# Fighting bucks



## General (Oct 28, 2009)

I got pictures of a 4 point and 8 point fighting then about an hour later the 8 point is fighting a nice 10. just thought you guys would enjoy the pics! I was suprised to see them fighting so early but I am figuring that with this cold weather they are splitting up a little bit sooner than usual. Also saw some scrapes this weekend


----------



## shorebound (Apr 26, 2008)

Great pics thanks for sharing.... Where abouts are those taken at northern or southern Ohio?
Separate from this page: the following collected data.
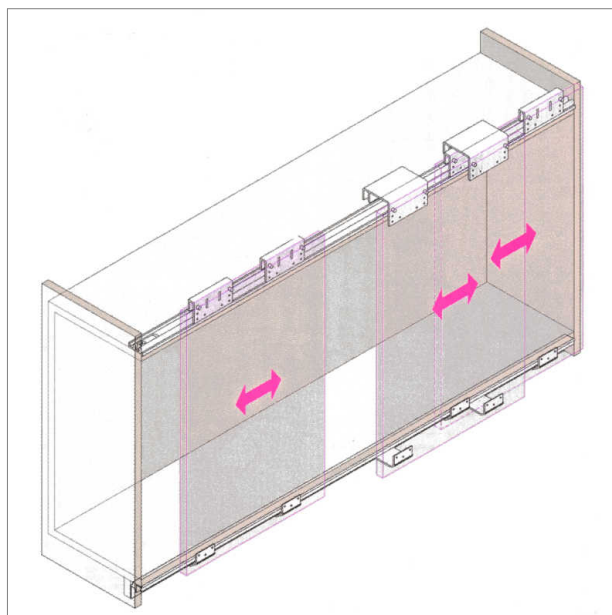

Schiebetürsysteme

Aliante Komplet-Set auf Mass, Softeinzug

Aliante Schiebetürsystem in konfektioniertem Set

Hochwertiges Schiebetürsystem für Holz- und Alurahmentüren.

- ▣ Vorfront-System für Schränke
- ▣ Flügelgewicht bis 42 kg
- ▣ Türblattstärke bis 30 mm
- ▣ Laufwerklänge 150 mm
- ▣ inkl. Laufschiene oben und unten auf Mass zugeschnitten
- ▣ inkl. je 5 Montageklipp für Laufschiene oben und unten
- ▣ inkl. Laufwerkset für zwei- oder dreiflügelige Türen, höhenverstellbar
- ▣ inkl. Türstopper oben und unten
- ▣ Schienenlänge auf Mass bis max. 4000 mm
- ▣ Türhöhe: Möbelhöhe aussen + 87 mm
- ▣ Sockel-Höhe mind. 60 mm

	Set mit Laufwerk + Schienen	Türanordnung
51.84135.50	Komplet-Set für 2 Türen inkl. Schienen	1x vorne, 1x hinten
51.84136.50	Komplet-Set für 3 Türen inkl. Schienen	1x vorne, 2x hinten

i Optionales Zubehör:

- Aliante Soft-Einzug 51.84147.00 separat bestellen
- SP = Stärke der Möbelseite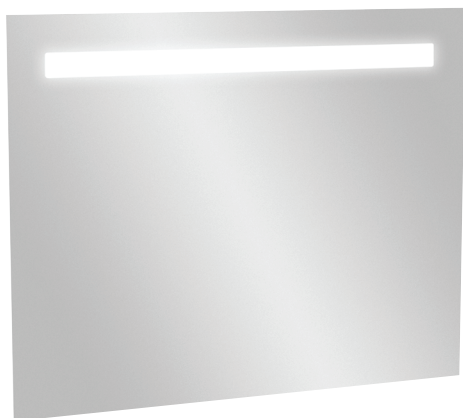

EB1413

Collection : Hors collection

Couleur\* :

NF - Sans finition

Principaux atouts :

### Caractéristiques techniques

- DIMENSIONS : 80 x 3 x 65 cm
- TYPE D'INSTALLATION : Mural
- LUMIÈRE : Oui
- PRISE USB : Non
- HORLOGE : Non
- INFORMATIONS COMPLÉMENTAIRES : Allumage par simple passage de la main ; on/off, à droite.
- POIDS : 9 kg
- ÉLECTRICITÉ : 230V, 8W, classe II IP44
- PRISE ÉLECTRIQUE : Non
- ANTIBUÉE : Oui
- TEMPÉRATURE : 4000° K

### Dessin technique

Descriptif CCTP : Miroir 80 cm, éclairage LED et anti-buée. EB1413. Collection : Hors collection. DIMENSIONS : 80 x 3 x 65 cm. POIDS : 9 kg. TYPE D'INSTALLATION : Mural. ÉLECTRICITÉ : 230V, 8W, classe II IP44. LUMIÈRE : Oui. PRISE ÉLECTRIQUE : Non. PRISE USB : Non. ANTIBUÉE : Oui. HORLOGE : Non. TEMPÉRATURE : 4000° K. INFORMATIONS COMPLÉMENTAIRES : Allumage par simple passage de la main ; on/off, à droite..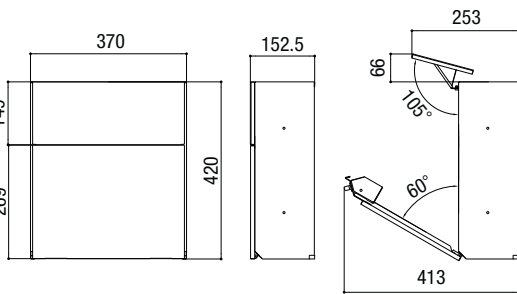

寸法図

宅配ボックス
 ラインアップ
 宅配ボックス
 宅配ボックス
 ポスト・機能門柱
 ポスト
 ラインアップ
 ポスト
 機能門柱
 ラインアップ
 (ウォール型)
 機能門柱FK
 ウォールスタイル
 有孔ウォール
 機能門柱
 ラインアップ
 (ボール型)
 スマート宅配
 ポスト
 機能門柱FF
 ウッド
 機能門柱FF
 ウィルモタン
 機能門柱FW
 アクシィ
 ユーロフリース
 スクリーン
 ウルモタンスリム
 ルミフェイス
 スリムスクエア
 デイズニー
 オーナメント
 シンク

ネクストポスト L-1型

ボール建てタイプ

エキスポスト FS

エキスポスト フラット横型ポスト

前入れ前取り出し仕様

前入れ後取り出し仕様

ボール建てタイプ 前入れ前取り出し仕様

エキスポスト グレイス

ウッド

ライン

リーフ

壁付け

ボール建てタイプ

_OutdoorHub Mobile, the information engine of the outdoors._


----------



## LilSiman/Medina (Nov 30, 2010)

Deer look to be southern OH deer. Ive seen enough deer to tell the antlers. Goodluck with them! this rain needs to turn to snow and we'll be in buisness!


----------



## shorebound (Apr 26, 2008)

The one on the left looks like his neck just may be swellin a little 


_OutdoorHub Mobile, the information engine of the outdoors._


----------



## General (Oct 28, 2009)

LilSiman/Medina said:


> Deer look to be southern OH deer. Ive seen enough deer to tell the antlers. Goodluck with them! this rain needs to turn to snow and we'll be in buisness!


Sorry LilSiman. These are northern deer. Portage county


----------



## ostbucks98 (Apr 14, 2004)

Just sparring and practicing up.


----------



## Fishstix (Aug 16, 2005)

Cool pics...thanks for sharing


----------